ABOUT THIS EXERCISE: Output the line containing "- B. Cordonatura in tessuto diverso.", then every remaining line of the entries below, exactly as written and with no other text.

- - -

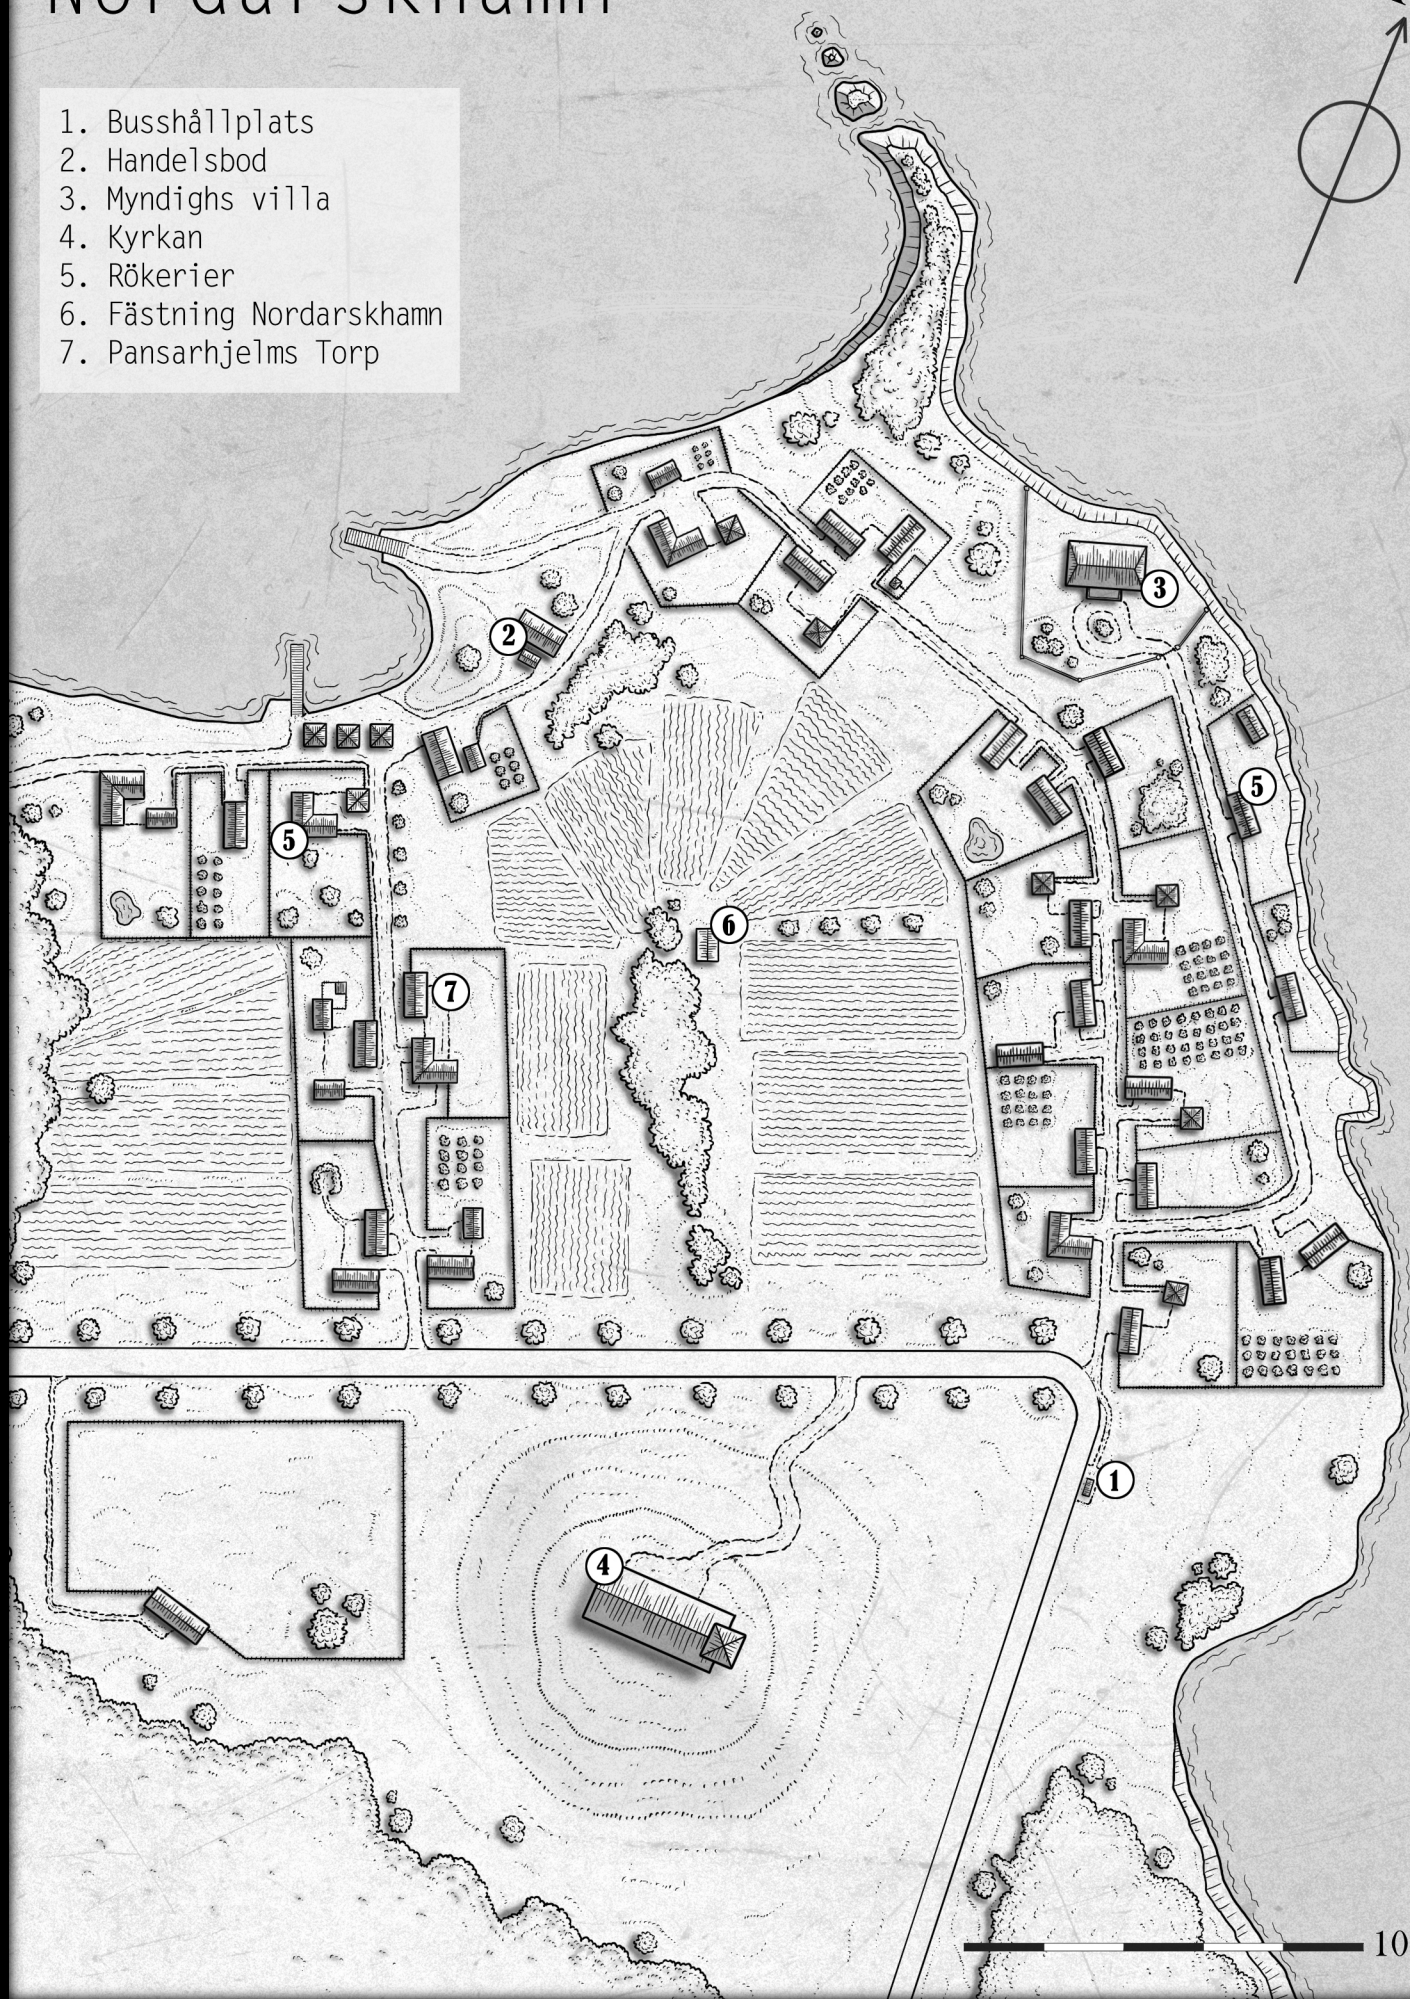

KYRKSTENFALLET

Nesjöen

10 km

N

1 Norge

2

3

A

SNASAHÖGARNA

Backa stuga

Handöl

Åmstön

Moen

Bivacken

BUNNERFJÄLLEN

KYRKSTENFÄLLET

Sverige

10 km

N

Nordarskhamn

1. Busshållplats
2. Handelsbod
3. Myndighs villa
4. Kyrkan
5. Rökerier
6. Fästning Nordarskhamn
7. Pansarhjelms Torp

100 m

Nordarskhamn

100 m
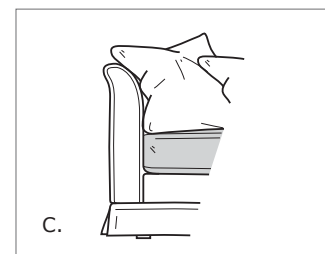

ATTENZIONE! Le misure sono assolutamente indicative perché riferite ad elementi imbottiti e sagomati.
ATTENTION! Les mesures sont absolument indicatives car elles désignent des éléments rembourrés et façonnés.

OPTIONAL / OPTIONS:

- A. Materasso "COMFORT" alto cm.10
  Matelas "COMFORT" H.10 cm.
- B. Cordonatura in tessuto diverso.
  Cordage en tissu différent.
- C. Fodera bicolore.
  Doublure bicolore.

- - -

SOLUTION TO THE EXERCISE:
- B. Cordonatura in tessuto diverso.
  Cordage en tissu différent.
- C. Fodera bicolore.
  Doublure bicolore.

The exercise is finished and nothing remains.